I am trying to create a forest plot in R using the forestplot
package. I want to assign different colors to the points and lines based on whether the log.est
values are above or below 0. Specifically, I want:
log.est > 0
log.est <= 0
Here is my data:
df <- structure(list(variable = c("N.Acetylputrescine", "Homocitrulline", "Argininic.acid",
"SM.C16.1", "Oxalic.acid", "Cer.d18.1.22.0.", "Citrulline",
"X3.Hydroxybutyric.acid", "Glycine", "Cer.d18.1.25.0.",
"Uridine", "Cer.d18.1.24.1.", "Deoxyguanosine", "Adenine"),
log.est = c(18.12, 11.70, 11.61, 9.95, 8.79, 8.72, 7.07, 4.13, 2.63,
-5.85, -6.47, -6.81, -10.47, -14.84),
p.value = c(9.49e-05, 0.000196, 0.0117, 0.137, 7.44e-05, 0.251, 0.514,
0.000162, 0.0376, 0.909, 0.000858, 0.345, 0.000531, 1.4e-05),
log.lower = c(17.12, 10.62, 9.44, -8.30, 7.81, -8.23, -8.08, 3.08,
-1.49, -10.03, -7.14, -8.43, -11.12, -15.37),
log.upper = c(18.71, 12.31, 12.44, 11.16, 9.38, 10.16, 9.08, 4.74,
3.59, 9.86, -5.19, 6.91, -9.27, -13.97)
), class = "data.frame", row.names = c(NA, -14L))

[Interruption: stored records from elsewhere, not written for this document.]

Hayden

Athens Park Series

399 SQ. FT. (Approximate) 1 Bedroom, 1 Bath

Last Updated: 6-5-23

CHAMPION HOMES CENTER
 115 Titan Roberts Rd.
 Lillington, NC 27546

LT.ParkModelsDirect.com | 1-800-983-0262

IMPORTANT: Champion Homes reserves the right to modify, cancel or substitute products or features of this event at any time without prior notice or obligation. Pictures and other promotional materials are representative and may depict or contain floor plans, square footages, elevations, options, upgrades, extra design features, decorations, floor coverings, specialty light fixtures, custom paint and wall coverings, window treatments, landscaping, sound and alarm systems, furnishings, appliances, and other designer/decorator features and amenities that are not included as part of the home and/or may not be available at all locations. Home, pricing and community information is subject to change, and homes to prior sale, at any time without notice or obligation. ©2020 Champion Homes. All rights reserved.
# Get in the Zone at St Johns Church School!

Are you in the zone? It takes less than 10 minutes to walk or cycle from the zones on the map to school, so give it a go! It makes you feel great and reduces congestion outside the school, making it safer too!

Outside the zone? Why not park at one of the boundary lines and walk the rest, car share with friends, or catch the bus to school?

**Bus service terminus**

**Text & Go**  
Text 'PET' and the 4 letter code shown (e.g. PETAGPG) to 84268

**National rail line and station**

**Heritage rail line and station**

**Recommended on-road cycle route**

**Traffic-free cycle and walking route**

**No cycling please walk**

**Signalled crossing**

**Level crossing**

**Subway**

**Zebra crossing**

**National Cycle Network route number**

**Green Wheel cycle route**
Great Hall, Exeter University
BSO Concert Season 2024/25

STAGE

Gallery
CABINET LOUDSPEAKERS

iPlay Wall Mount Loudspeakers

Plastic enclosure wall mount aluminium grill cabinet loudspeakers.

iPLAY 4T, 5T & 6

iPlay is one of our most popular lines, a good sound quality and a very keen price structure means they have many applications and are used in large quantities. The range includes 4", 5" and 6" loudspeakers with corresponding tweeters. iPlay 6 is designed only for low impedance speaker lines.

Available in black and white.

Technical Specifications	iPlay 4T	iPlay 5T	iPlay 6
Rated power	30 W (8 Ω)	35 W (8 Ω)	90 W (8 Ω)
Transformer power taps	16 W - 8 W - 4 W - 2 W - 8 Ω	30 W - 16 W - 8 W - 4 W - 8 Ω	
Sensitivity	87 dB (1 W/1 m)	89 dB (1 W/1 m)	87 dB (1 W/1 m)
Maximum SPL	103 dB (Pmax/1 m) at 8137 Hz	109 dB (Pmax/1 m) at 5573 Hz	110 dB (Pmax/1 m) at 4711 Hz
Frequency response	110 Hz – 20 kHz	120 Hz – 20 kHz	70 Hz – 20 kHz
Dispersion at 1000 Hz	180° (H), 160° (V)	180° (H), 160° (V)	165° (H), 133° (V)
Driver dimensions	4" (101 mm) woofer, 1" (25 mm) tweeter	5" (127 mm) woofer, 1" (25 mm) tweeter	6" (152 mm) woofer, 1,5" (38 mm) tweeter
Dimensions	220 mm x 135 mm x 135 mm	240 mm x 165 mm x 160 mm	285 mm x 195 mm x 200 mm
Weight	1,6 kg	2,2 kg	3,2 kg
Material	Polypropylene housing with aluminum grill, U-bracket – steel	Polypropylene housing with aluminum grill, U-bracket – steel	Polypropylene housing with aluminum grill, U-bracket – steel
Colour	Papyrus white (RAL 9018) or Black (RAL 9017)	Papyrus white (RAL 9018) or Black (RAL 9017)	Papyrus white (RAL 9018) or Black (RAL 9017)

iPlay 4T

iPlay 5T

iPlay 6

Here is the code I used to generate the forest plot:
library(forestplot)
forestplot(
labeltext = cbind("Variable" = df$variable,
"Coefficient" = round(df$log.est, 2),
"P-value" = format.pval(df$p.value)),
mean = df$log.est,
lower = df$log.lower,
upper = df$log.upper,
xlab = "Effect Size",
title = "Logistic Regression"
)
This generates the forest plot, but all points and lines are the same color. How can I assign blue to points with log.est > 0
and red to points with log.est <= 0
?
I tried below code: But it gave me blue color for all the data.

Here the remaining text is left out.